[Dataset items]

+ + + + +

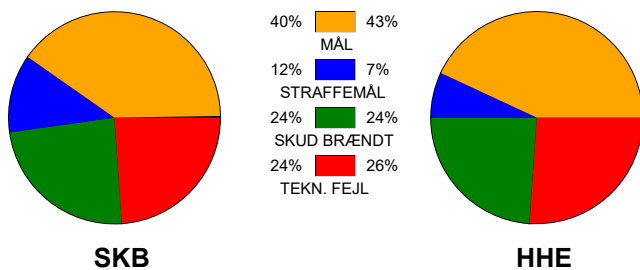

Angrebet sluttede med:
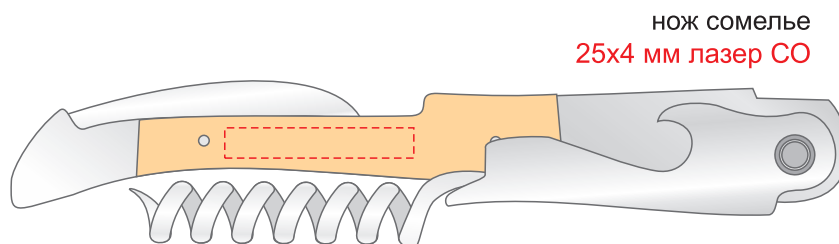

Арт. 5910  
Набор для вина и сыра «Эдам»

**Внимание!** Цвет нанесения на дереве обусловлен текстурой природного материала и может быть неоднороден! Учитывайте технические требования: минимальная толщина линий - 0,2 мм; инверсных линий - 0,4 мм; высота букв - 2 мм
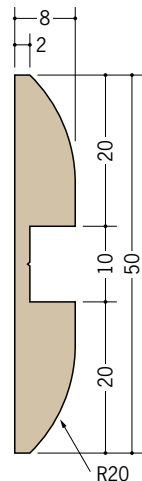

ビニール 壁見切

37065

ビニール腰壁見切S
2m/ホワイト・ベージュ/各100本入

53099

軟質キャップ (別途)
30m巻・m売り
ホワイト・ベージュ

37066

ビニール腰壁見切W
2m/ホワイト・ベージュ/各100本入

軟質キャップは、
別途ご用意下さい。

57181

腰かべモールドR-20
2m/ホワイト・ベージュ/各40本入

33256

目地棒FF-30
2m/オフホワイト・アイボリー・ベージュ
各60本入

33257

目地棒FF-40
2m/オフホワイト・アイボリー・ベージュ
各35本入

33258

目地棒FF-50
2m/オフホワイト・アイボリー・ベージュ
各20本入
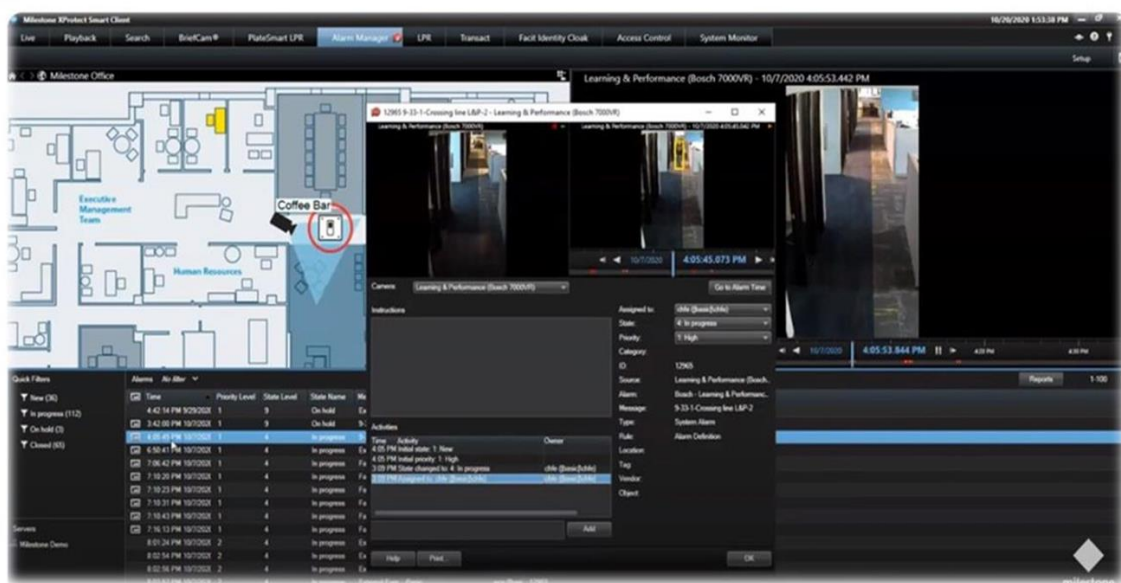

El gestor de alarmas de Milestone: Las alarmas de la integración forman parte del gestor de alarmas de Milestone, lo que proporciona a los operadores toda la información de vídeo de apoyo necesaria para tomar decisiones rápidas y eficientes en caso de intrusión.

+ + + + +

== Required action ==
Output the data above exactly, excluding images.

== The completed task ==
Angrebet sluttede med:

Арт. 5910  
Набор для вина и сыра «Эдам»

**Внимание!** Цвет нанесения на дереве обусловлен текстурой природного материала и может быть неоднороден! Учитывайте технические требования: минимальная толщина линий - 0,2 мм; инверсных линий - 0,4 мм; высота букв - 2 мм

ビニール 壁見切

37065

ビニール腰壁見切S
2m/ホワイト・ベージュ/各100本入

53099

軟質キャップ (別途)
30m巻・m売り
ホワイト・ベージュ

37066

ビニール腰壁見切W
2m/ホワイト・ベージュ/各100本入

軟質キャップは、
別途ご用意下さい。

57181

腰かべモールドR-20
2m/ホワイト・ベージュ/各40本入

33256

目地棒FF-30
2m/オフホワイト・アイボリー・ベージュ
各60本入

33257

目地棒FF-40
2m/オフホワイト・アイボリー・ベージュ
各35本入

33258

目地棒FF-50
2m/オフホワイト・アイボリー・ベージュ
各20本入

El gestor de alarmas de Milestone: Las alarmas de la integración forman parte del gestor de alarmas de Milestone, lo que proporciona a los operadores toda la información de vídeo de apoyo necesaria para tomar decisiones rápidas y eficientes en caso de intrusión.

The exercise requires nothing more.